Exercise material START

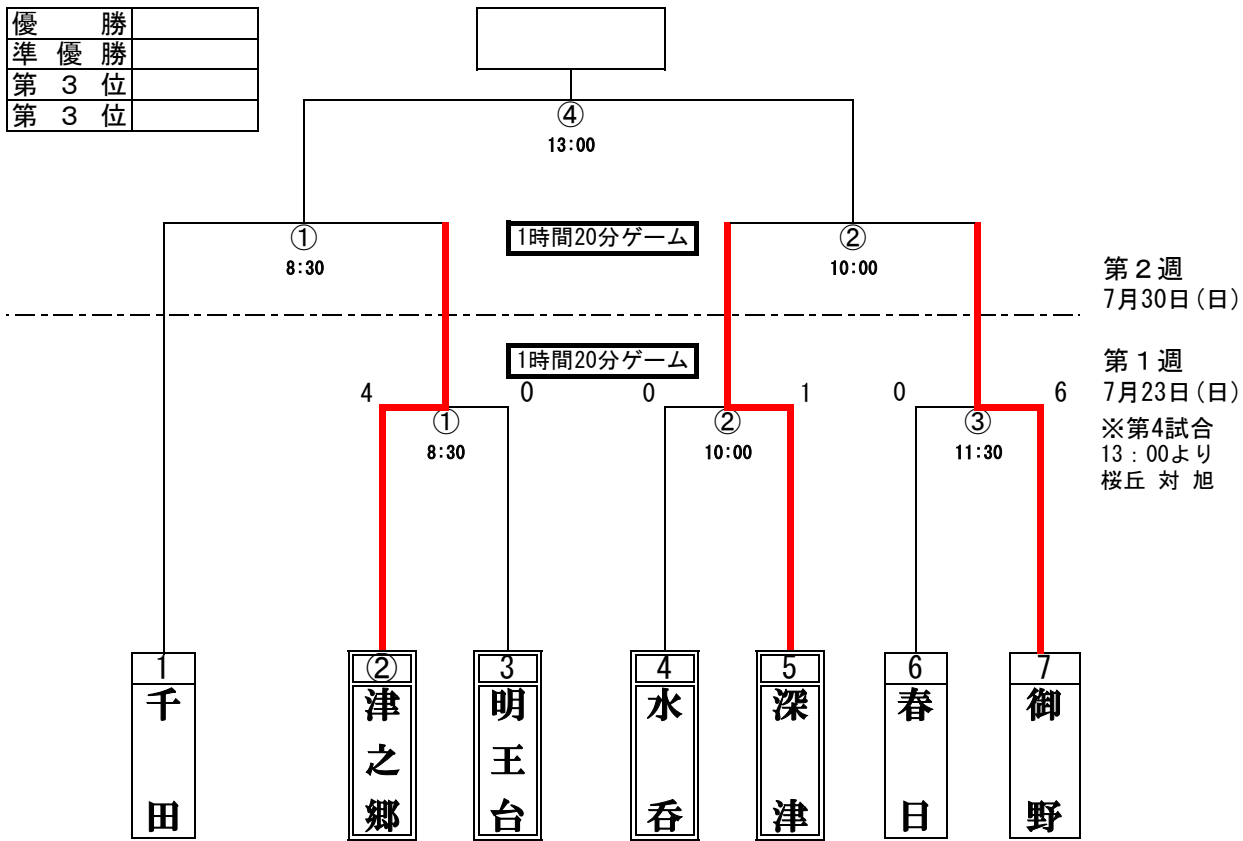

第1ブロック エブリイ福山市民球場

優	勝	
準	優	勝
第	3	位
第	3	位

※二重線枠は開会式に出るチーム

第2ブロック 箕沖球場野球場

優	勝	
準	優	勝
第	3	位
第	3	位

棄権

棄権

第3ブロック 曙公園野球場

優勝	
準優勝	
第3位	
第3位	

第4ブロック 沼隈運動場

優勝	
準優勝	
第3位	
第3位	
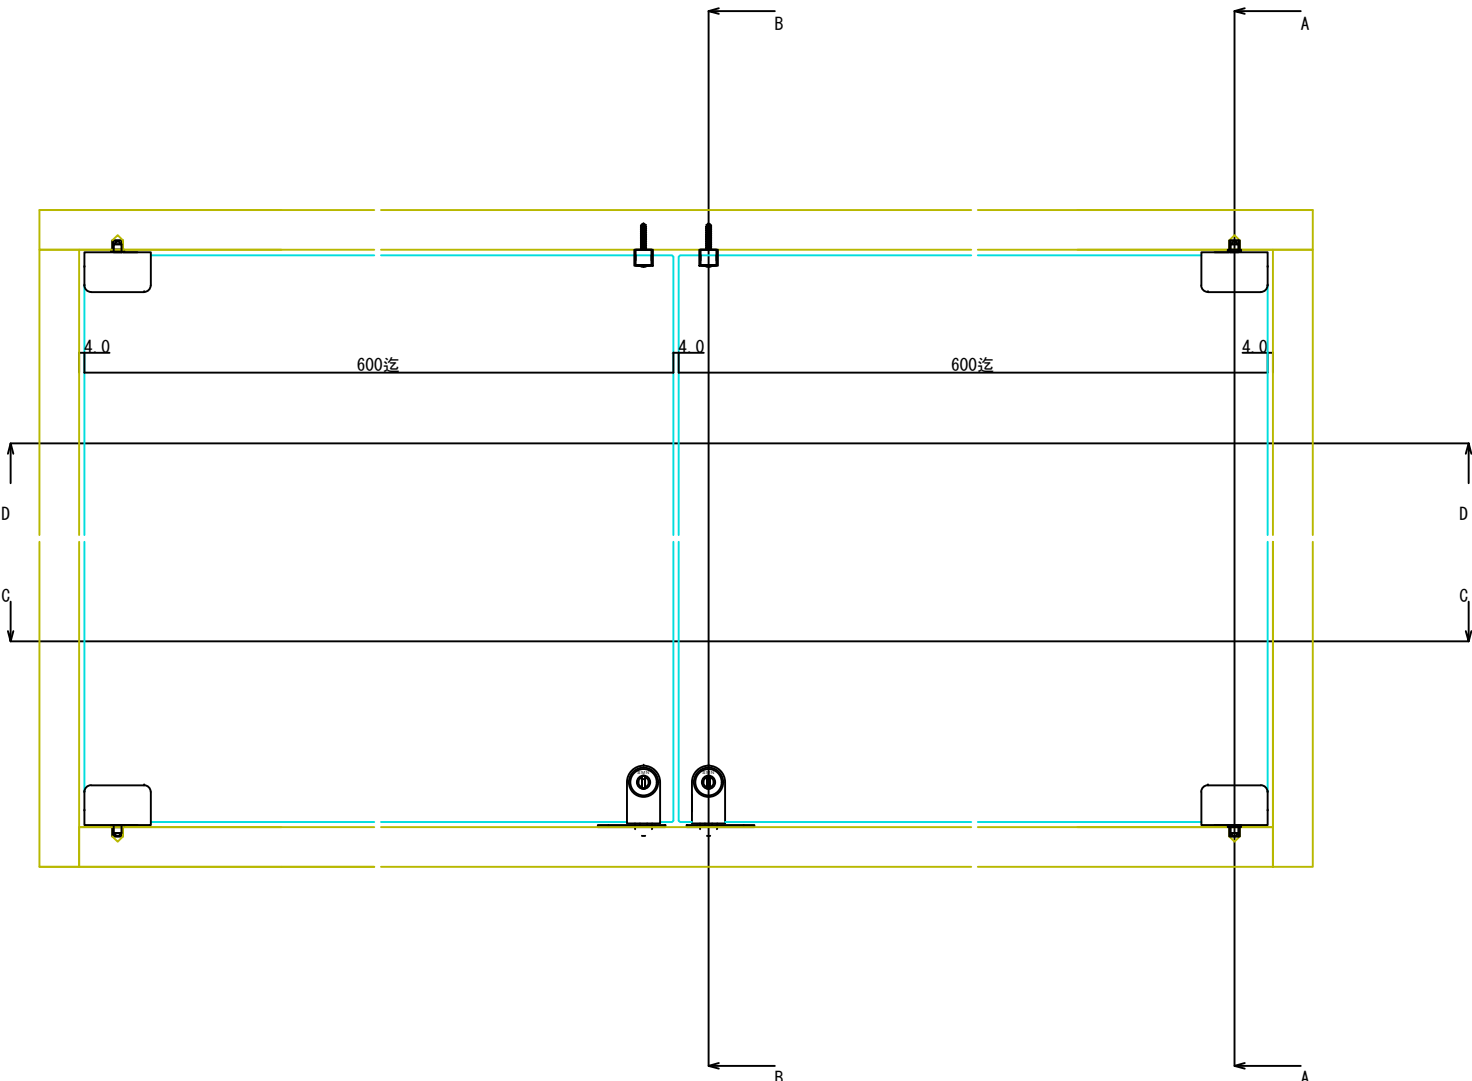

D-D断面図

- 71110 ステン1号硝子蝶番 5・6×50mm #400(※)
- 76913 硝子ロックカムセット G-3 #400(※)
- 76980 YDロック(カム無) A0003 右
- 76975 YDロック(カム無) A0003 左
- 71923 戸当りピン(大)
- (※)ほか仕上あり

C-C断面図

A-A断面図

B-B断面図
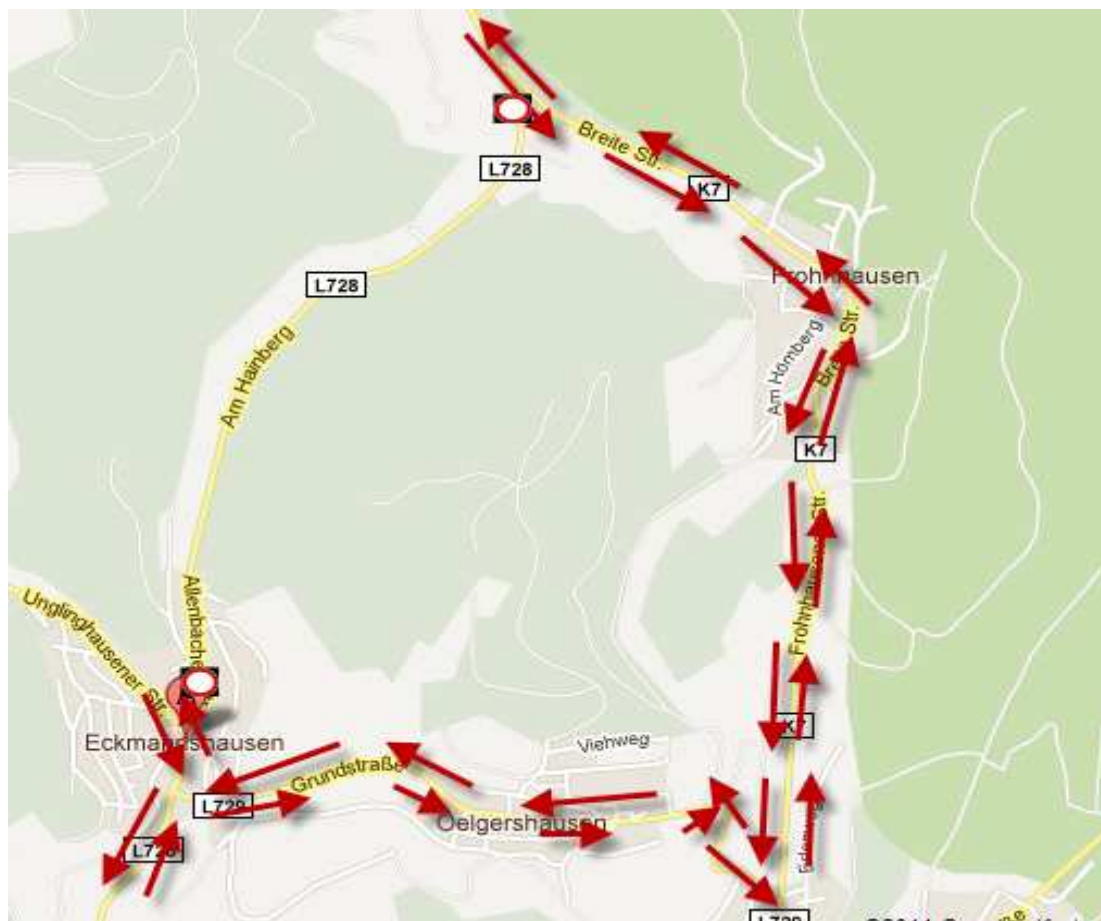

Von : Verkehrsleitung

An : Fahrpersonal VWS, Suerländer GmbH
Auftragsunternehmer VWS GmbH

Ab Freitag, 30.09.2011, 12:00 Uhr bis 03.10.2011 ca. 08:00 Uhr ist die L728 zwischen Eckmannshausen und Herzhausen wegen Teearbeiten gesperrt.

Die Linie L163 fährt folgende Umleitung:

Ab Eckmannshausen bei Bedarf über Buswende Eckmannshausen über Oelgershausen – Frohnhausen nach Herzhausen.

Rückfahrt gegenläufig.

Siegen, 26. 09. 2011

VWS Verkehrsbetriebe Westfalen-Süd GmbH
Verkehrsleitung
Karl-Hermann Meiswinkel
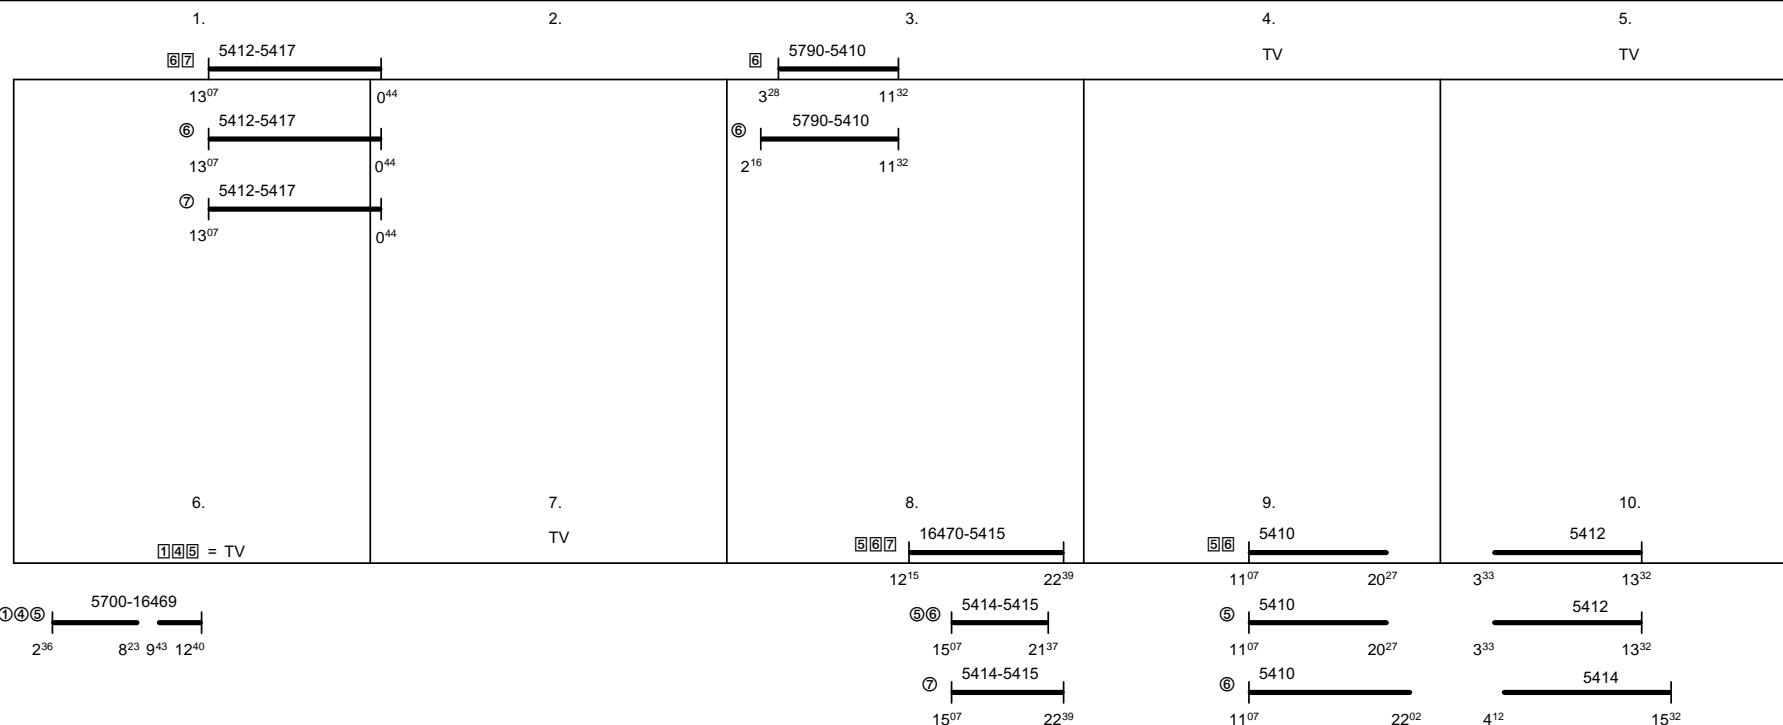

Odbor kolejových vozidel

Depo kolejových vozidel : ČESKÁ TŘEBOVÁ

Provozní jednotka : Liberec

List číslo : 258

Platí od : 28.04. 2012

Oprava číslo :

Nahrazuje : -

Poznámky : PP Stará Paka

Druh vlaků : Os, Sv

Turnusová skupina : 895

Vozidlo řady : -

počet : -

Průměrný denní běh vozidla : -/ - km

Zpracovatel :

Vrchní přednost DKV :

Potřeba strojvedoucích : 10.3

Denní průměr prázdných jízd : - km

Šedek Michal 725034687

Ing.Slezák Jiří
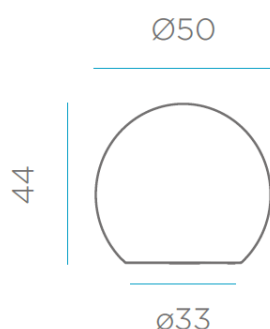

FICHA TÉCNICA DE PRODUCTO DATASHEET

+34 968 97 8806
info@newgarden.es
www.newgarden.es

NOMBRE/NAME: BULY 50 INDOOR CÁLIDA
REF.: LUMBLL050XXICNW **EAN:** 8435578506340

RECICLAME
RECYCLY ME

COLOR DURADERO
LONG-LASTING COLOR

IRROMPIBLE
UNBREAKABLE

Medidas del producto (cm) / Dimensions (cm):

Packaging: 36,6x40,3x40,3cm

Dimensions (cm)

Material principal: Polietileno/Polyethylene

Pallet EU 80x120x180: - units

Peso Neto: 2,2 kg / Peso Bruto: 3,2 kg

Exercise material END

### What this task involves
From the listing above, collect every line that mentions the word "YDロック".

### Completed task
- 76980 YDロック(カム無) A0003 右
- 76975 YDロック(カム無) A0003 左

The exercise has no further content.